Former iPhone Designer Jony Ive Teams Up with OpenAI To Reinvent the Computer

OpenAI just made its biggest move yet — and it’s not a new model or app. It’s hardware.

In a $6.5 billion all-stock deal, OpenAI is acquiring io, a secretive design startup founded by former Apple design chief Jony Ive. The goal? To build a new kind of device. One that doesn’t look like a phone, doesn’t have a screen, and doesn’t fight for your attention — but quietly helps you live, work, and think with AI.

This isn’t just a product bet. It’s OpenAI’s attempt to define what the future of computing looks like — and Jony Ive is holding the pen.

From Weekend Ideas to a Billion-Dollar Company

Two years ago, Sam Altman and Jony Ive started meeting to talk. Not business meetings — more like long, curious chats between two people who wanted to rethink what technology could feel like.

Jony Ive, the legendary Apple designer behind the iPhone, had already left Apple and started his own creative studio LoveFrom. Sam Altman, leading OpenAI, was deep in building the future of artificial intelligence.

At some point, they started sketching product ideas together. The ideas felt different — calm, optimistic, and focused on helping people, not distracting them. It became clear that to build something real, they needed more than drawings. So Jony put together a new hardware company called io, quietly bringing in his closest collaborators from the Apple days.

Now, OpenAI is acquiring io for $6.5 billion in stock. All 50+ people from io are joining OpenAI. Jony and his team will now lead design across both OpenAI and io.

What Are They Actually Building?

The product is still under wraps, but we know a few things.

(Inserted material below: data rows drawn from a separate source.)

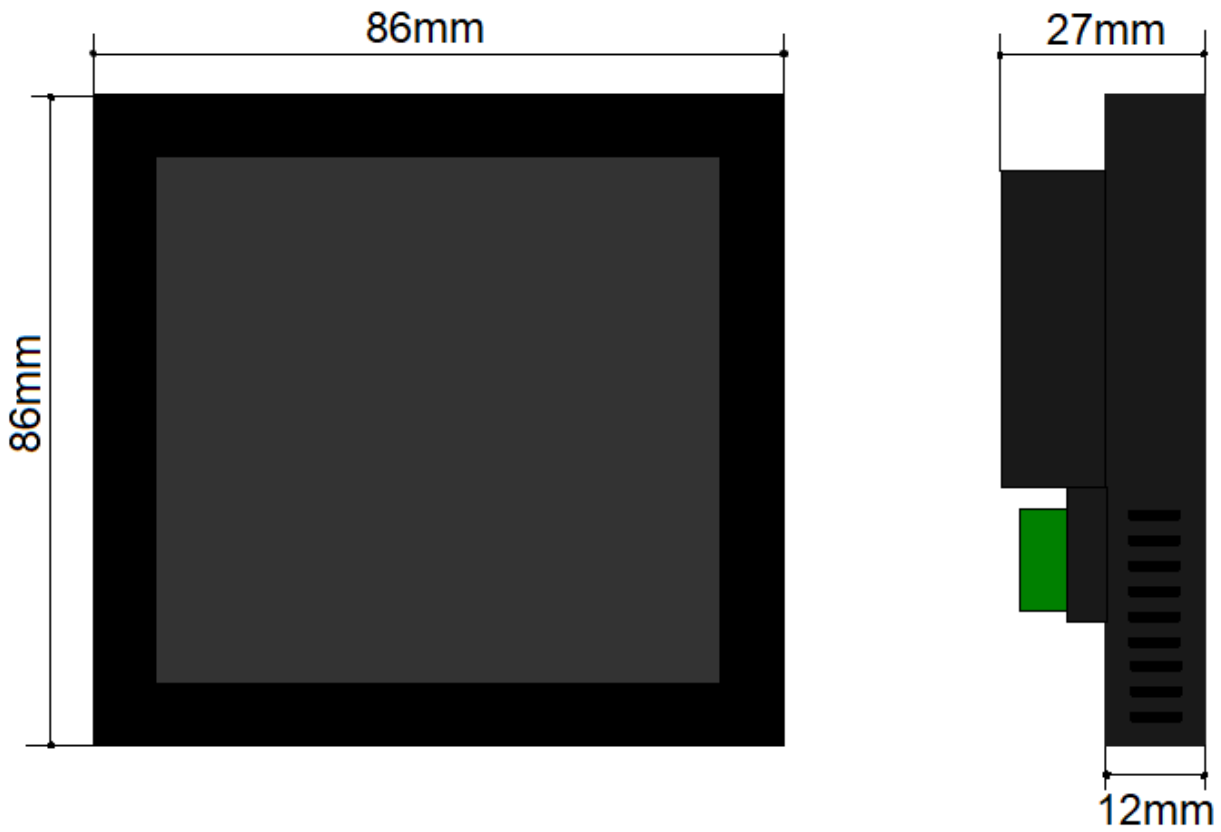

# Touch HMI panel

Model number UK dose :	<b>TGP-4A-01-IQ</b>
Model number DIN dose :	<b>TGP-4D-01-IQ</b>
Mounting:	In-wall, 86 box, UK dose
Dimensions:	86 x 86 x 27 mm
Connection:	RS485 to HIQ MC controller
Frame colour:	Black

## Technical specifications

System	Display	TFT 4" 480 x 480
	Touch	Capacitive,
	Brightness (cd/m <sup>2</sup> )	250
	Contrast	800:1
	Colour	65K colour, 16-bit RGB
Power	Adapter	5-36V DC

## Dimensions

From:  
<http://wiki.hiq-home.com/> -

Permanent link:  
[http://wiki.hiq-home.com/doku.php?id=touch\\_hmi\\_panel&rev=1624444538](http://wiki.hiq-home.com/doku.php?id=touch_hmi_panel&rev=1624444538)

In an internal staff call leaked to The Wall Street Journal, Altman gave a rough idea of what the first device will be.

  • It won’t have a screen.
  • It’s not glasses or a pin you wear.
  • It’s small, pocket-sized.
  • It will understand what’s around you and what you’re doing.
  • It’s meant to sit on your desk next to your laptop and phone — your third core device.

Altman said it’ll ship faster than any product in history to hit 100 million units. Big claim. But if they pull it off, it might be the first real “AI-native” computer.

Jony Ive has said he wants to move beyond screens. He’s not interested in making more rectangles to look at. Instead, he’s thinking about tools that blend into your life — something more subtle, more useful.

The People Behind It

Io isn’t just Jony. It’s packed with some of the top people from Apple’s golden design era.

  • Evans Hankey, former head of industrial design at Apple.
  • Tang Tan, who helped design iPhones and AirPods.
  • Scott Cannon, who handled Apple’s manufacturing operations.

These are people who know how to design, engineer, and build things at a massive scale. Altman and Ive brought them together to move fast and do it right — not just prototype cool ideas, but actually make them real.

LoveFrom — Jony’s creative studio — will still stay independent, but it will work closely with OpenAI too. They’ve already designed for companies like Airbnb and Ferrari, and now they’ll help shape what OpenAI’s products look and feel like.

Why OpenAI Is Doing This

Right now, most people use AI through a browser, a phone, or an app. It works — but it’s not the future.

Sam Altman thinks accessing ChatGPT through a screen is clunky. He believes AI should be more like a quiet companion — ambient, available, helpful. And that means rethinking the device.

Owning the hardware gives OpenAI a few big advantages:

  • They can build the full experience, top to bottom.
  • They don’t have to rely on Apple or Google.
  • They can try new kinds of interaction — voice, gestures, location-aware AI.
  • And they can create new business models (subscriptions, assistant plans, etc.).

With Meta’s smart glasses gaining popularity and Google working on their own, OpenAI didn’t want to be left behind. This is their move.

The Risk And the Opportunity

This isn’t a guaranteed win.

The AI Pin by Humane, another “post-phone” device, had a rough launch. It overheated, died fast, and got terrible reviews. HP ended up buying the company, and the device was shut down.

OpenAI will need to avoid the same mistakes. Making good software is one thing — but building consumer hardware is a different beast. They’ll need to figure out supply chains, battery life, heat, privacy issues, and manufacturing.

But if it works, it could be huge. This isn’t just a product — it’s a shot at defining the next category of computing. Some analysts already believe this could add $1 trillion in long-term value to OpenAI.

What’s Next

Here’s what we can expect over the next year or two:

  • A redesigned ChatGPT interface, shaped by Jony’s team.
  • Early developer tools to build voice-based or context-aware apps.
  • Teasers at OpenAI DevDay.
  • More leaks around the first device before the planned 2026 release.

Jony says everything he’s learned over the past 30 years has led him to this project. Altman called it “the most important thing we’ve done yet.”

It’s still early, and a lot could go wrong. But if they get it right, we might be about to see the biggest shift in personal computing since the iPhone — and this time, it might not even have a screen.